What that post did not do was walk through the construction of the replacement. It argued for a better eval, but it did not really show how we chose the tasks, how we structured the scoring, and what rules we used to keep the new benchmark honest.
This post is that missing piece.
It is the practical design document behind core_eval_v2, written in plain
English instead of benchmark shorthand.
The problem we were actually trying to solve
The product question is much smaller than a generic AI benchmark usually assumes.
We are not asking whether a model can:
- reason across arbitrary domains
- act autonomously for a long time
- manage a whole tool graph
- behave like a full personal agent
We are asking whether it can take a short spoken note or transcript and turn it into something small, useful, and structured.

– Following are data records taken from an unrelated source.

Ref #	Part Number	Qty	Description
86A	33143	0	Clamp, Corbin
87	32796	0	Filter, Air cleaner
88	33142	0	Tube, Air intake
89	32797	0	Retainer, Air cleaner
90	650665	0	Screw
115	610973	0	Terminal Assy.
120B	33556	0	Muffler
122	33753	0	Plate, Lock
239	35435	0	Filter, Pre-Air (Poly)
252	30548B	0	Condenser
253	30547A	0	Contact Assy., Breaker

That means the real product loop looks more like this:
- capture the note
- extract what matters
- normalize it into a usable shape
- connect it to relevant context when needed
- avoid hallucinating or overreaching
That is the loop the eval needs to measure.
Once we wrote it that plainly, a lot of the confusion disappeared.

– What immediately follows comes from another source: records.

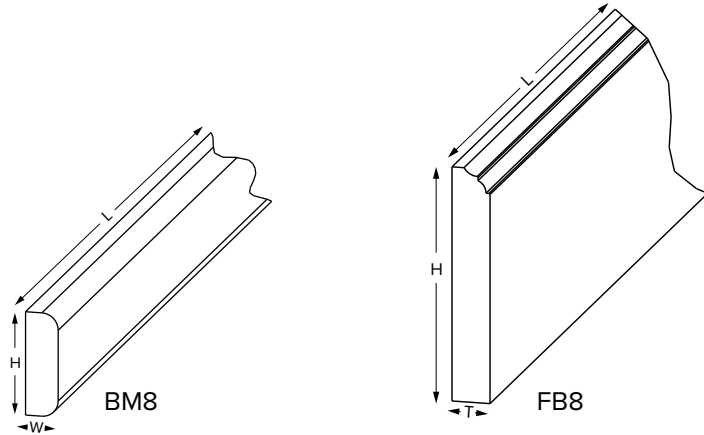

Personalize Your Space - Moulding

Add the finishing touch to your cabinets with our broad selection of finished mouldings. We offer many different types of decorative and utility mouldings in all finishes to accentuate and complete the space.

SKU	Description	H	W	L
BM8	Batten	3/4"	1/4"	96"
FB8	Furniture Base	3/4"	4-5/8"	96"
ICM8	Inside Corner	3/4"	3/4"	96"
LRB8	Light Rail	13/16"	1-3/8"	96"
LRD8	Light Rail	1-1/2"	1"	96"
OCM8	Outside Corner	13/16"	13/16"	96"
QR8	Quarter Round	3/4"	3/4"	96"
SCM8	Scribe	3/4"	1/4"	96"
SHM8	Shoe	3/4"	1/2"	96"
TKC8	Toe Kick	1/4"	4-1/2"	96"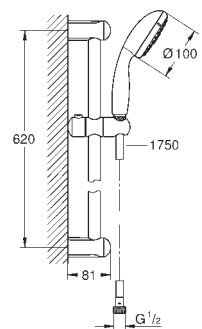

27 645 001 chrome 59.00

Tempesta 100
Shower rail set 4 sprays
consisting of:
hand shower (28 421)
shower rail, 600 mm (27 523)
Relaxaflex hose 1750 mm 1/2" x 1/2" (28 154)
GROHE EcoJoy 9,5 l/min flow limiter
GROHE DreamSpray perfect spray pattern
GROHE StarLight chrome finish
SpeedClean anti-lime system
Inner WaterGuide for a longer life
ShockProof silicone ring prevents damages caused by shower falling
suitable for instantaneous heater
min. recommended pressure 1.0 bar

27 795 001 chrome 59.00
ditto, with non-restricted flow

SHOWERS

What was wrong with the first benchmark
The first benchmark mixed together three different questions:
- Did the model solve the task?
- Could the product use the output?
- Did it follow our exact favorite schema?
Those are not the same question.
That sounds obvious in hindsight, but it created most of the brittleness. A model could produce the right summary with the wrong field name. It could return a useful action list in a top-level array instead of a wrapped object. It could represent a scheduling intent correctly but in a different structured packet than the one we preferred.

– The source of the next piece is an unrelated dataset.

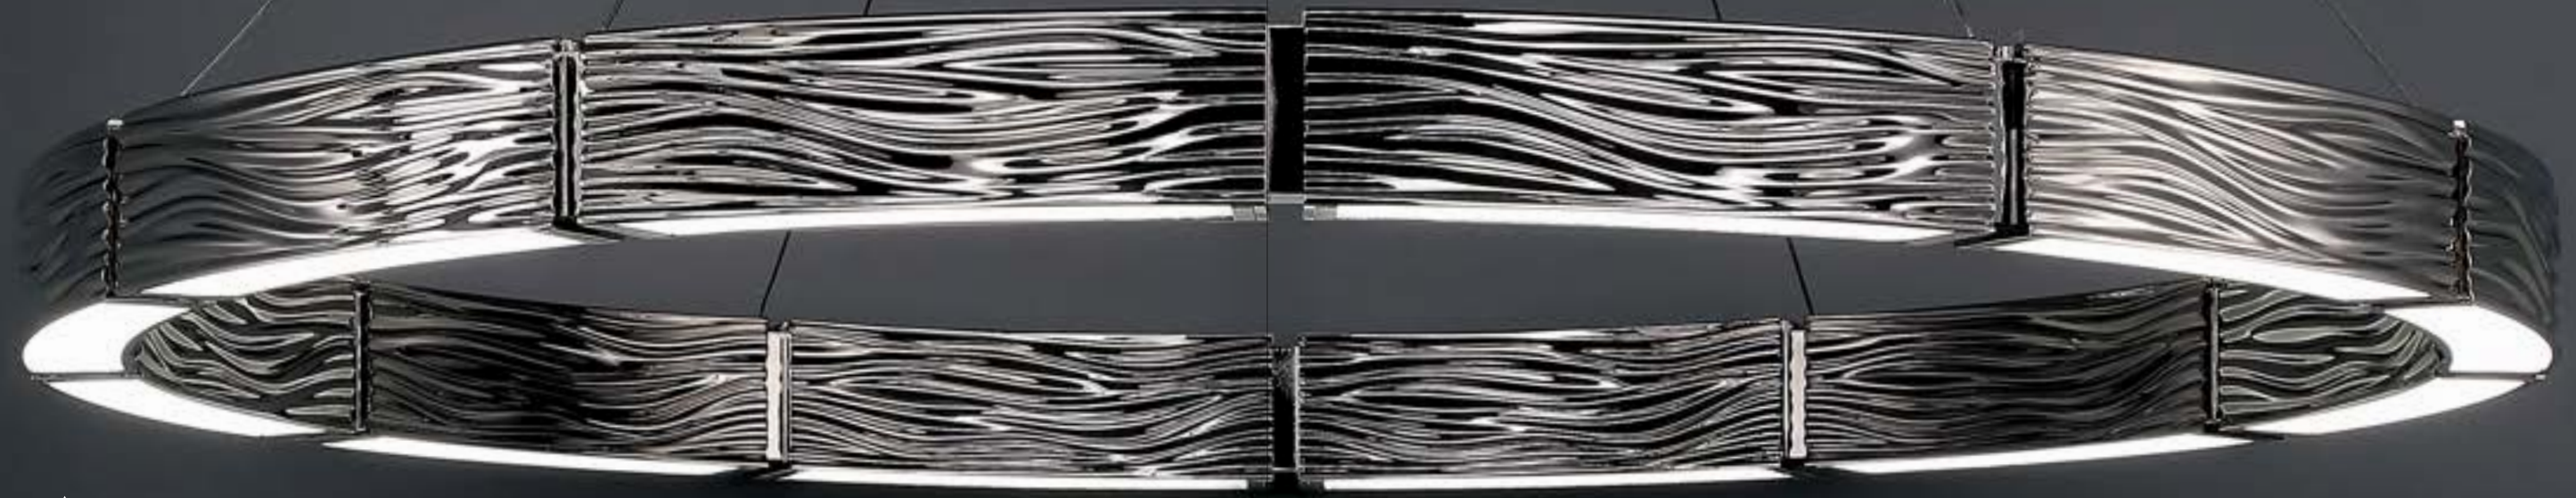

# ZELDA

Inspired by oceanic ripples, this fluid motif appears to move continuously in circular form. This die cast aluminum chandelier with highly polished plating renders functional down lighting. An innovative upscale look for large modern interiors in residential, commercial and hospitality spaces. Full range dimming.

In all of those cases, the benchmark was too eager to say “fail.”
So the first design rule for V2 became:
solve the task first, then evaluate usability, then evaluate exact contract
That sounds small, but it changes the whole benchmark.
The design constraints for V2
We wrote down a small set of principles and then forced the benchmark to obey them.
1. Product truth first
If a task is clever but not central to the actual product loop, it does not belong in the core eval.
That immediately demoted a bunch of things that were interesting but too architectural:
- local agent loops
- momentum scoring
- voice operating layer behavior
- live meeting state tracking
- knowledge graph maintenance
Those tasks may still matter eventually. They just should not decide whether the benchmark is sane.
2. Strong models should look strong
This became our sanity rule.
If a strong mainstream model cannot post a clearly good score on the core set, then either:
- the task is underspecified
- the grading is brittle
- the schema contract is too narrow
- or the benchmark is simply wrong
That rule turned out to be incredibly useful because it is hard to talk yourself out of.
3. Small, auditable, explainable
Every core card should be easy to explain to a non-specialist.
Good core cards are things like:
- title this memo
- redact this transcript
- extract the action items
- ask a clarifying question if the reminder is ambiguous
If a card requires three paragraphs of architecture context before it makes sense, it probably does not belong in the core eval.
4. Usability matters more than one exact JSON shape
The product can normalize a lot.
It can handle:
- aliases
- top-level arrays
- equivalent field names
- alternate but still safe representations
The benchmark should not punish those differences as harshly as real task mistakes.
5. Keep the core benchmark hard to game
A small hand-authored eval can become a trap. If we optimize models too hard against the benchmark before the benchmark is stable, we risk teaching them the shape of the answer instead of the job itself.
So the core set had to stay:
- small enough to audit
- broad enough not to collapse into template memorization
- stable enough that a good score would mean something
How we structured the benchmark
The cleanest move was to split the benchmark into layers.
Core Eval v2
This is the benchmark that is supposed to answer the product question:
Can a model do the small workflow task clearly and usefully?
It is deliberately small.
The current core set has ten cards.
Stretch / draft benchmark
This is where we keep the broader, more architectural, more subjective tasks. That older set is still useful, but it no longer gets to define sanity.
This split matters because it keeps us from mixing:
- product-real tasks
- internal architecture probes
- research-y ambition
into one misleading blended score.